Context-Engine-AI · m1rl0k · Jan 26, 2026 · Jan 26, 2026 · Jan 26, 2026 · Jan 26, 2026
diff --git a/requirements.txt b/requirements.txt
@@ -9,6 +9,7 @@ tokenizers
 orjson
 redis>=5.0.0
 xxhash>=3.0.0
+lz4>=4.0.0
 # Tree-sitter 0.25+ with individual language packages
 tree_sitter>=0.25.0
 tree_sitter_python>=0.23.0

diff --git a/scripts/indexing_admin.py b/scripts/indexing_admin.py
@@ -202,7 +202,16 @@ def _copy_repo_state_for_clone(
 # Cache with TTL support
 _COLLECTION_SCHEMA_CACHE: Dict[str, Dict[str, Any]] = {}
 _COLLECTION_SCHEMA_CACHE_TS: Dict[str, float] = {}  # Track cache timestamps
-_COLLECTION_SCHEMA_CACHE_TTL = float(os.environ.get("SCHEMA_CACHE_TTL_SECS", "300"))  # 5 min default
+try:
+    _ttl_raw = float(os.environ.get("SCHEMA_CACHE_TTL_SECS", "300"))

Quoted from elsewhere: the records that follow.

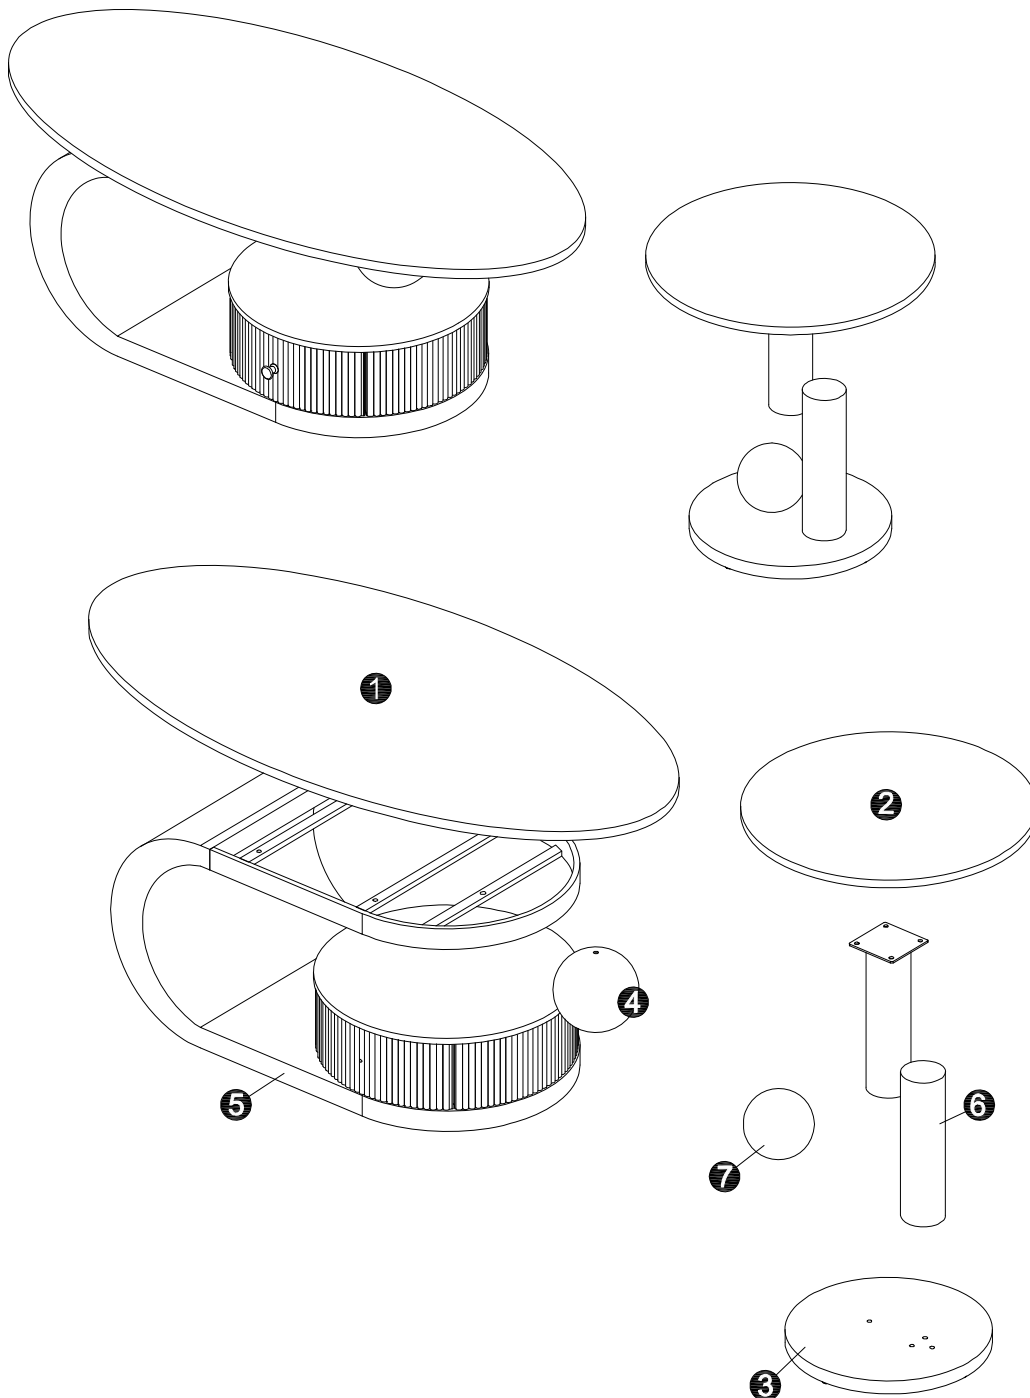

Noted:

1.It is recommended that this item should be assembled by two adults.
2.Assemble this item on a soft surface. such as cardboard or carpet. to protect finish. For product assistance and warranty information. please contact the seller before return this product. Please provide us with following information.so that it will be easier to resolve your problem smoothly.

1.Order ID:

2.Pictures of Your Items Damage or Parts Missing:

Thank You for Purchasing Our Furniture.It's an Honor to Be in Your Home!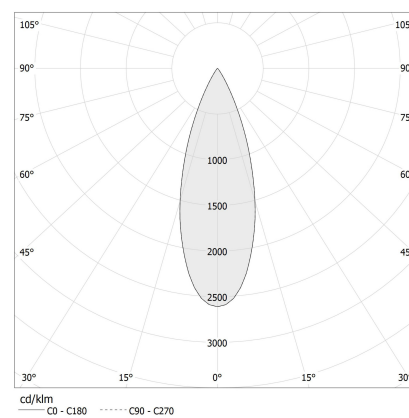

Application

Polar diagram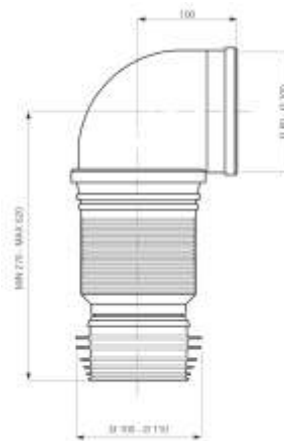

Code	Description	Carton	Pallet	Volume	Availability
8820PP10C0	Version without inspection inlet, female coupling for w.c. $\varnothing$ 80-100 mm, male coupling outlet $\varnothing$ 100-110 mm	16	320	0,131	●

Bent w.c. "Mago" flexible and extensible

Material: PP + TPE

Colour: white

+    # Validate TTL is finite and positive
+    import math
+    if not math.isfinite(_ttl_raw) or _ttl_raw <= 0:
+        _COLLECTION_SCHEMA_CACHE_TTL = 300.0
+    else:
+        _COLLECTION_SCHEMA_CACHE_TTL = _ttl_raw
+except (ValueError, TypeError):
+    _COLLECTION_SCHEMA_CACHE_TTL = 300.0  # 5 min default
 _SNAPSHOT_REFRESHED: Set[str] = set()
 _MAPPING_INDEX_CACHE: Dict[str, Any] = {"ts": 0.0, "work_dir": "", "value": {}}
 

diff --git a/scripts/upload_service.py b/scripts/upload_service.py
@@ -908,9 +908,13 @@ async def admin_acl_grant(
 async def admin_collections_status(request: Request):
     _require_admin_session(request)
     try:
-        collections = list_collections(include_deleted=False)
+        if AUTH_ENABLED:
+            collections = list_collections(include_deleted=False)
+        else:
+            # Demo mode: get collections directly from Qdrant
+            collections = list_qdrant_collections()

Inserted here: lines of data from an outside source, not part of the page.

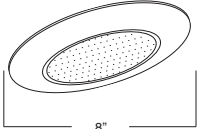

TRIM/RING FINISH:
WH, BK, SN, CP, CH,
PB, BZ

B392RG-WH
R30/PAR30 REFLECTOR

REFLECTOR FINISH:
CL, RG, W, MB, CP,
SN, BZ

TRIM/RING FINISH:
WH, BK, SN, CP, CH,
PB, BZ

B395CP-WH
R38/PAR40 REFLECTOR

REFLECTOR FINISH:
CL, RG, W, MB, CP,
SN, BZ

TRIM/RING FINISH:
WH, BK, SN, CP, CH,
PB, BZ

B601CP
METAL ALBALITE LENS

FOR
WET
LOCATION

LENS:
ALBALITE

TRIM/RING FINISH:
WH, BK, SN, CP, CH,
PB, BZ

B601L
PLASTIC ALBALITE LENS

FOR
WET
LOCATION

LENS:
ALBALITE

     except AuthDisabledError:
-        raise HTTPException(status_code=404, detail="Auth disabled")
+        collections = list_qdrant_collections()
     except Exception:
         raise HTTPException(status_code=500, detail="Failed to load collections")
 
@@ -934,7 +938,11 @@ async def event_generator():
                 break
 
             try:
-                collections = list_collections(include_deleted=False)

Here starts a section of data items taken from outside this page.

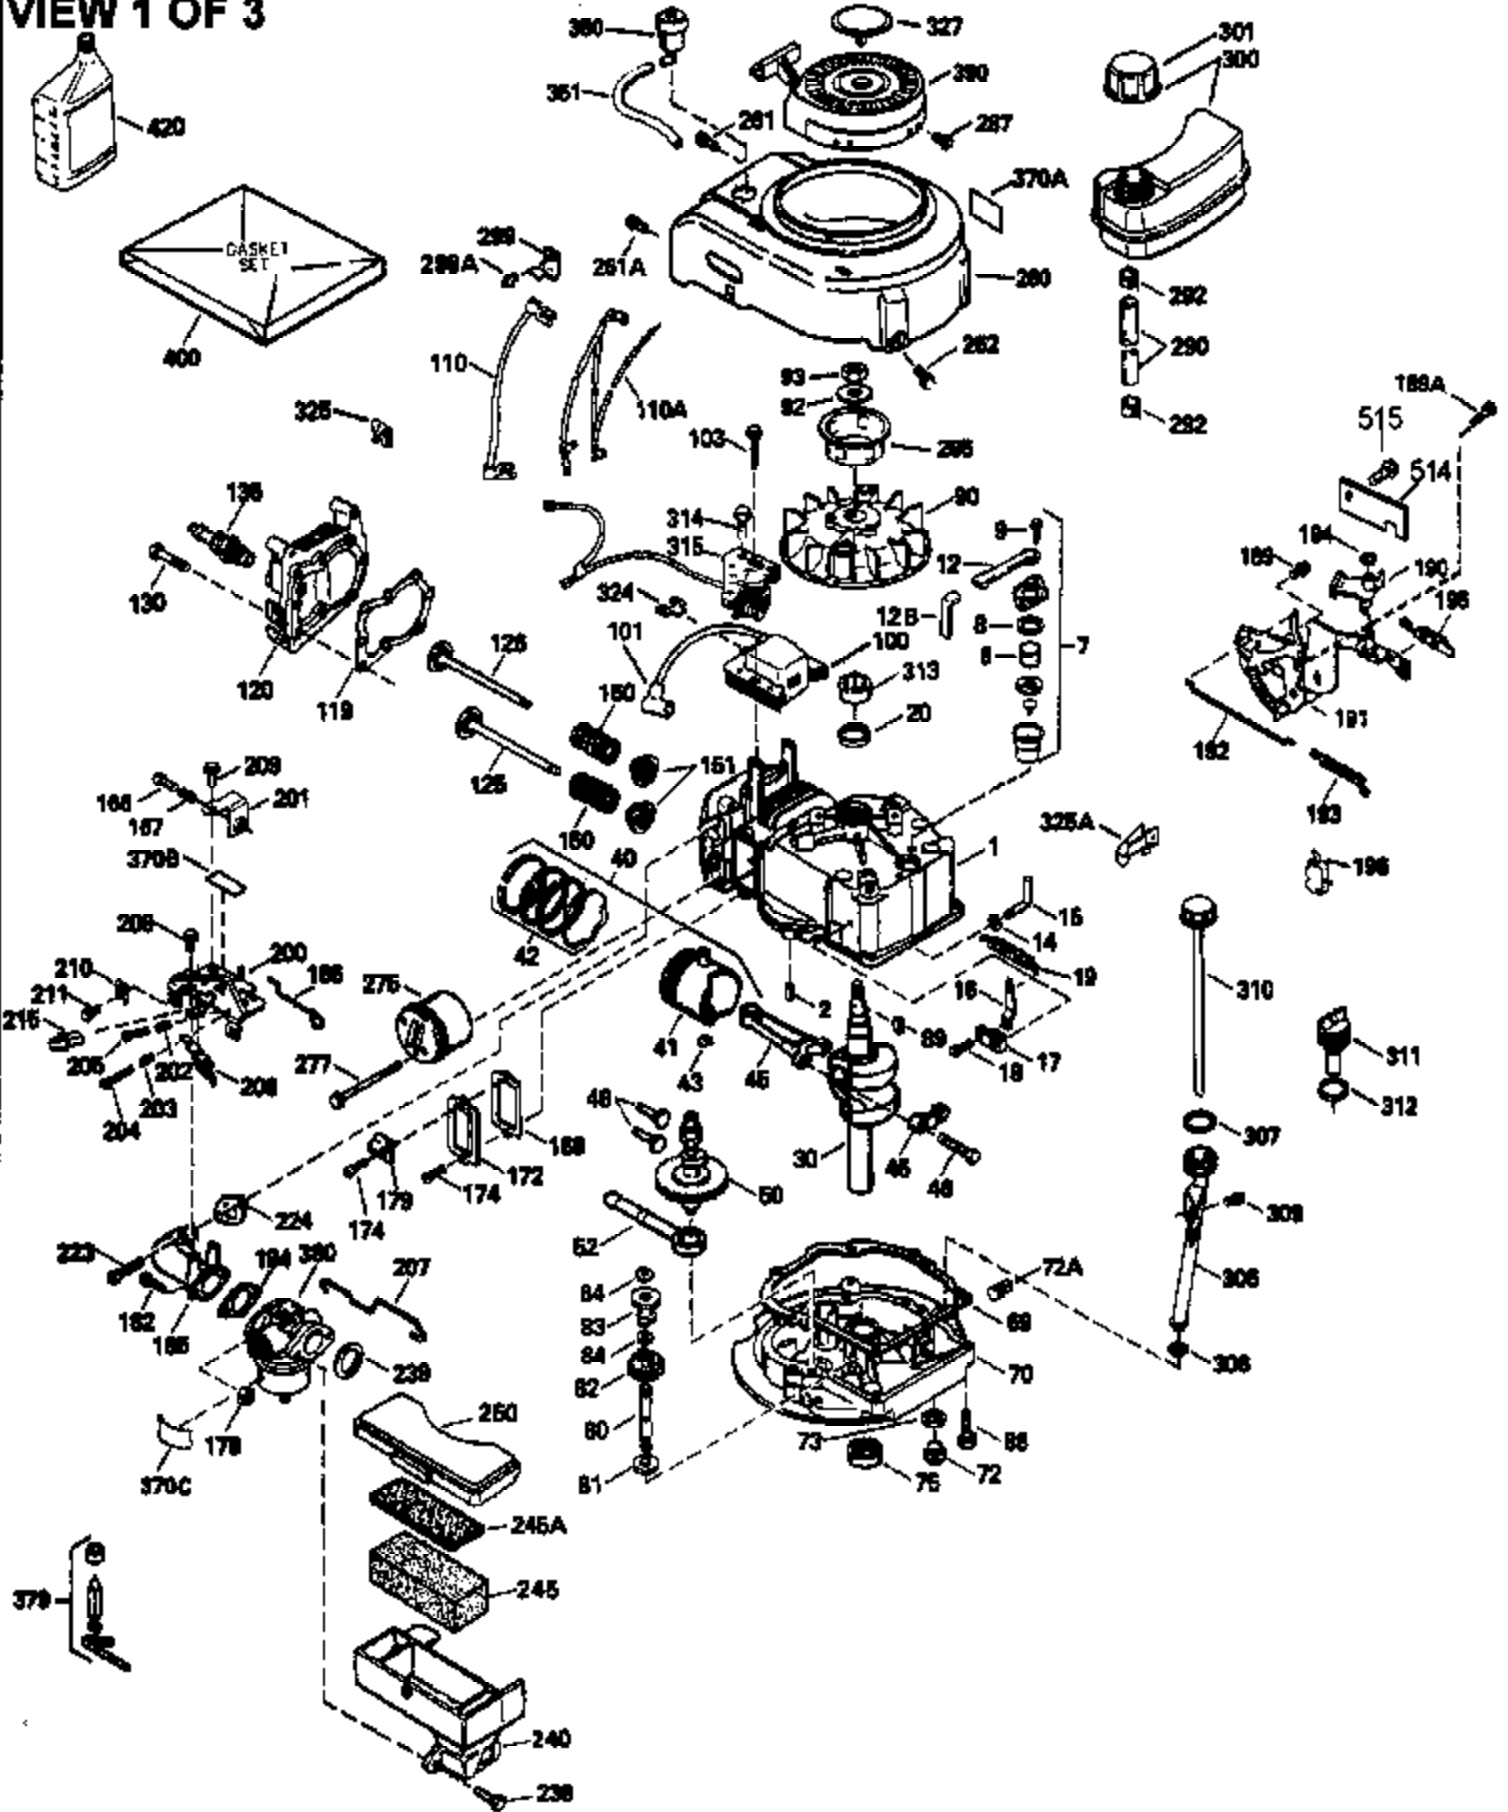

ILLUSTRATION SHOWS TYPICAL PARTS ONLY. ORDER BY PART NUMBER. PARTS NOT LISTED ARE SUPPLIED BY OEM.

VIEW 1 OF 3

Engine Parts List #1

Ref #	Part Number	Qty	Description
	1 36478	1	Cylinder (Incl. 2 & 20)
	2 26727	2	Dowel Pin
	6 33734	1	Breather Element
	7 34214A	1	Breather Ass'y. (Incl. 6,8,9,12,12B)
	8 33735	1	* Breather Gasket
	9 30200	2	Screw, 10-24 x 9/16"
12B	34695	1	Breather Tube Elbow
	12 33886	1	Breather Tube
	14 28277	1	Washer
	15 30589	1	Governor Rod (Incl. 14)
	16 31383A	1	Governor Lever
	17 31335	1	Governor Lever Clamp
	18 650548	1	Screw, 8-32 x 5/16"
	19 36281	1	Extension Spring
	20 32600	1	Oil Seal
	30 35801	1	Crankshaft
	40 36073	1	Piston, Pin & Ring Set (Std.)
	40 36074	1	Piston, Pin & Ring Set (.010" OS)
	40 36075	1	Piston, Pin & Ring Set (.020" OS)
	41 36070	1	Piston & Pin Ass'y. (Std.) (Incl. 43)
	41 36071	1	Piston & Pin Ass'y. (.010" OS) (Incl. 43)
	41 36072	1	Piston & Pin Ass'y. (.020" OS) (Incl. 43)
	42 36076	1	Ring Set (Std.)
	42 36077	1	Ring Set (.010" OS)
	42 36078	1	Ring Set (.020" OS)
	43 20381	2	Piston Pin Retaining Ring
	45 32875	1	Connecting Rod Ass'y. (Incl. 46)
	46 32610A	2	Connecting Rod Bolt
	48 27241	2	Valve Lifter
	50 35992	1	Camshaft (MCR)
	52 29914	1	Oil Pump Ass'y.
	69 35261	1	* Mounting Flange Gasket
	70 34311D	1	Mounting Flange (Incl. 72 thru 83)
	72 30572	1	Oil Drain Plug
	73 28833	1	Drain Plug Gasket
	75 27897	1	Oil Seal
	80 30574A	1	Governor Shaft
	81 30590A	1	Washer
	82 30591	1	Governor Gear Ass'y. (Incl. 81)
	83 30588A	1	Governor Spool
	86 650488	6	Screw, 1/4-20 x 1-1/4"
	89 611004	1	Flywheel Key
	90 611150	1	Flywheel
	92 650815	1	Belleville Washer
	93 650816	1	Flywheel Nut
	100 34443A	1	Solid State Ignition
	101 610118	1	Spark Plug Cover
	103 650814	2	Screw, Torx T-15, 10-24 x 1"
	110 34961	1	Ground Wire
110C	34970	1	Ground Wire
	119 36477	1	* Cylinder Head Gasket
	120 36476	1	Cylinder Head
	125 36471	1	Exhaust Valve (Std.) (Incl. 151)
	125 36472	1	Exhaust Valve (1/32" OS) (Incl. 151)
	126 29314B	1	Intake Valve (Std.) (Incl. 151)
	126 29315C	1	Intake Valve (1/32" OS) (Incl. 151)
	130 6021A	8	Screw, 5/16-18 x 1-1/2"
	135 35395	1	Resistor Spark Plug (RJ19LM)

+                if AUTH_ENABLED:
+                    collections = list_collections(include_deleted=False)
+                else:
+                    # Demo mode: get collections directly from Qdrant
+                    collections = list_qdrant_collections()
                 enriched = await asyncio.to_thread(
                     lambda: build_admin_collections_view(collections=collections, work_dir=WORK_DIR)
                 )
@@ -945,6 +953,19 @@ async def event_generator():
                     last_data = current_data
                     yield f"data: {json.dumps({'type': 'full', 'collections': enriched}, default=str)}\n\n"
 
+            except AuthDisabledError:
+                # Fallback to Qdrant collections
+                try:
+                    collections = list_qdrant_collections()
+                    enriched = await asyncio.to_thread(
+                        lambda: build_admin_collections_view(collections=collections, work_dir=WORK_DIR)
+                    )
+                    current_data = json.dumps(enriched, default=str)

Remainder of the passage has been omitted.